┌──

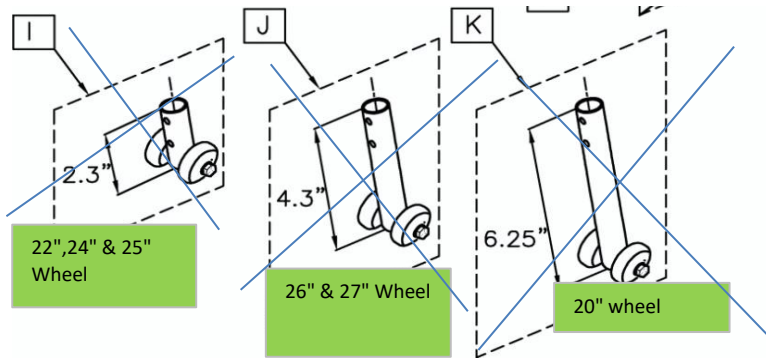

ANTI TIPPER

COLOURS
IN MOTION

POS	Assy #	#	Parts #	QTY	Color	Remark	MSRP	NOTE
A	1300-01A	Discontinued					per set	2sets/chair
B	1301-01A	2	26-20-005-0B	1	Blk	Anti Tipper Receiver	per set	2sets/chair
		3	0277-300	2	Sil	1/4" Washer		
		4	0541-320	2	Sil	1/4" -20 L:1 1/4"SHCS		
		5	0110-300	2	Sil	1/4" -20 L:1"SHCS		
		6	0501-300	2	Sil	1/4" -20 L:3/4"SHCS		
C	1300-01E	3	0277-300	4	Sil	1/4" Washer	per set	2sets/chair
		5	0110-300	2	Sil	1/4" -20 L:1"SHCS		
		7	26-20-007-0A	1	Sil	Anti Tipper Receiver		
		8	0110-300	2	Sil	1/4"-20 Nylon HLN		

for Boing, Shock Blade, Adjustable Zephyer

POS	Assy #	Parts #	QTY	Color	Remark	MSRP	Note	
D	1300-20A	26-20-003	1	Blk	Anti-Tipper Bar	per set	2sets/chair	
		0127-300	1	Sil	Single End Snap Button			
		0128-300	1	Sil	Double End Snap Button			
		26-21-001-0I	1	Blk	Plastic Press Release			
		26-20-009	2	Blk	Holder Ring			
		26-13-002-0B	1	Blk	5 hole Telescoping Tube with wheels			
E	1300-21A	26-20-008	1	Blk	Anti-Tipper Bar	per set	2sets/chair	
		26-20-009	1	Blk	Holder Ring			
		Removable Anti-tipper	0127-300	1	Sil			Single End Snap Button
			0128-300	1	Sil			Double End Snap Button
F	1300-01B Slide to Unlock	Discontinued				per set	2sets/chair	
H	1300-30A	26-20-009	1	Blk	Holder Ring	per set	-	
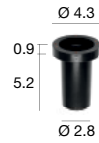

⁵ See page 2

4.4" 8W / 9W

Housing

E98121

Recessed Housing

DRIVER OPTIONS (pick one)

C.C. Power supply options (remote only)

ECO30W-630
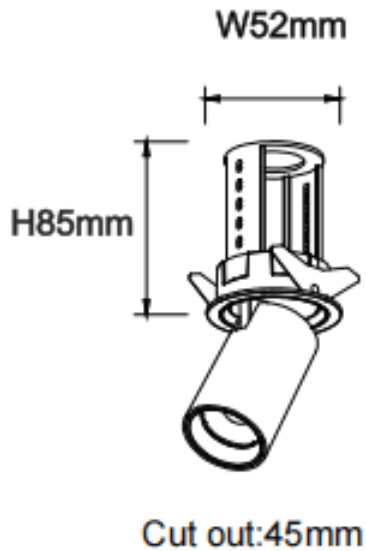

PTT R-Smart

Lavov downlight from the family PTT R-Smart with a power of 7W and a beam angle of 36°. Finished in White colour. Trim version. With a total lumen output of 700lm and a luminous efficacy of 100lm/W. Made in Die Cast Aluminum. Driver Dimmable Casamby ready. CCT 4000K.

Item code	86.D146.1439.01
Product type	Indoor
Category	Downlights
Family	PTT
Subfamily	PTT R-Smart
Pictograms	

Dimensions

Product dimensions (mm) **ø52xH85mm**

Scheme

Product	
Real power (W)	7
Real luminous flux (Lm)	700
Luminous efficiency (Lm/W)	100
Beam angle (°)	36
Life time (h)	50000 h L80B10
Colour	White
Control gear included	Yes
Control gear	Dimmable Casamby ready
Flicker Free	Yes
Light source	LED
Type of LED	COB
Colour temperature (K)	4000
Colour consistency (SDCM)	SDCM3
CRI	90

└──

• **Task instructions**: With the pictures left out, write out all of the data exactly.

• **Written response**:
ANTI TIPPER

COLOURS
IN MOTION

POS	Assy #	#	Parts #	QTY	Color	Remark	MSRP	NOTE
A	1300-01A	Discontinued					per set	2sets/chair
B	1301-01A	2	26-20-005-0B	1	Blk	Anti Tipper Receiver	per set	2sets/chair
		3	0277-300	2	Sil	1/4" Washer		
		4	0541-320	2	Sil	1/4" -20 L:1 1/4"SHCS		
		5	0110-300	2	Sil	1/4" -20 L:1"SHCS		
		6	0501-300	2	Sil	1/4" -20 L:3/4"SHCS		
C	1300-01E	3	0277-300	4	Sil	1/4" Washer	per set	2sets/chair
		5	0110-300	2	Sil	1/4" -20 L:1"SHCS		
		7	26-20-007-0A	1	Sil	Anti Tipper Receiver		
		8	0110-300	2	Sil	1/4"-20 Nylon HLN		

for Boing, Shock Blade, Adjustable Zephyer

POS	Assy #	Parts #	QTY	Color	Remark	MSRP	Note	
D	1300-20A	26-20-003	1	Blk	Anti-Tipper Bar	per set	2sets/chair	
		0127-300	1	Sil	Single End Snap Button			
		0128-300	1	Sil	Double End Snap Button			
		26-21-001-0I	1	Blk	Plastic Press Release			
		26-20-009	2	Blk	Holder Ring			
		26-13-002-0B	1	Blk	5 hole Telescoping Tube with wheels			
E	1300-21A	26-20-008	1	Blk	Anti-Tipper Bar	per set	2sets/chair	
		26-20-009	1	Blk	Holder Ring			
		Removable Anti-tipper	0127-300	1	Sil			Single End Snap Button
			0128-300	1	Sil			Double End Snap Button
F	1300-01B Slide to Unlock	Discontinued				per set	2sets/chair	
H	1300-30A	26-20-009	1	Blk	Holder Ring	per set	-	

⁵ See page 2

4.4" 8W / 9W

Housing

E98121

Recessed Housing

DRIVER OPTIONS (pick one)

C.C. Power supply options (remote only)

ECO30W-630

PTT R-Smart

Lavov downlight from the family PTT R-Smart with a power of 7W and a beam angle of 36°. Finished in White colour. Trim version. With a total lumen output of 700lm and a luminous efficacy of 100lm/W. Made in Die Cast Aluminum. Driver Dimmable Casamby ready. CCT 4000K.

Item code	86.D146.1439.01
Product type	Indoor
Category	Downlights
Family	PTT
Subfamily	PTT R-Smart
Pictograms	

Dimensions

Product dimensions (mm) **ø52xH85mm**

Scheme

Product	
Real power (W)	7
Real luminous flux (Lm)	700
Luminous efficiency (Lm/W)	100
Beam angle (°)	36
Life time (h)	50000 h L80B10
Colour	White
Control gear included	Yes
Control gear	Dimmable Casamby ready
Flicker Free	Yes
Light source	LED
Type of LED	COB
Colour temperature (K)	4000
Colour consistency (SDCM)	SDCM3
CRI	90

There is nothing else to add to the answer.